*** Source records ***

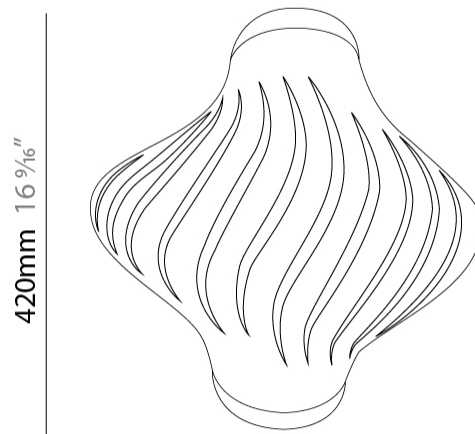

PROJECT	_____
TYPE	_____
SPECIFIER	_____
QUANTITY	_____
DATE	_____

HELIOS SURFACE

D62022-

base number   Finish
Options

1. To build a product code in our configurator select the specify button on the base model # product page
2. To build a manual product code on this datasheet choose from the options listed below in blue font and add the suffix to the base model #

GENERAL

Series: Helios
Brand: Linea Zero
Division: Design
Mounting Type: Surface
Mounting Location: Ceiling
Subcategory: Ambient

PHYSICAL

Shape: Abstract
Diameter (mm): 400
Diameter (in): 15 3/4
Height (mm): 390
Height (in): 15 3/8
Light Distribution: Omnidirectional
Diffuser: Polilux™ Shade - See Finish Options
Fixture Finish: WHI / BLK / PBL / POR / PGN / COP / NGD / PKM / SIL
Fixture Material: Polilux™/ Metal holder

ELECTRICAL

Number of Lamps: 1
Lamp Type: LED Retrofit
Bulb Included: Bulb Not Included
Max. Wattage Per Lamp (W): 7
Lamp Base: E26
Input Voltage (V): 120
Upon Request: 277Vac / GU24

LED

OPTICAL

RATINGS AND CERTIFICATIONS

Certified By: Certified for North American Standards
IP rating: IP20

*** End of Source records ***

Scan the records for the string "Fixture". Copy each line in which it appears.

Fixture Finish: WHI / BLK / PBL / POR / PGN / COP / NGD / PKM / SIL
Fixture Material: Polilux™/ Metal holder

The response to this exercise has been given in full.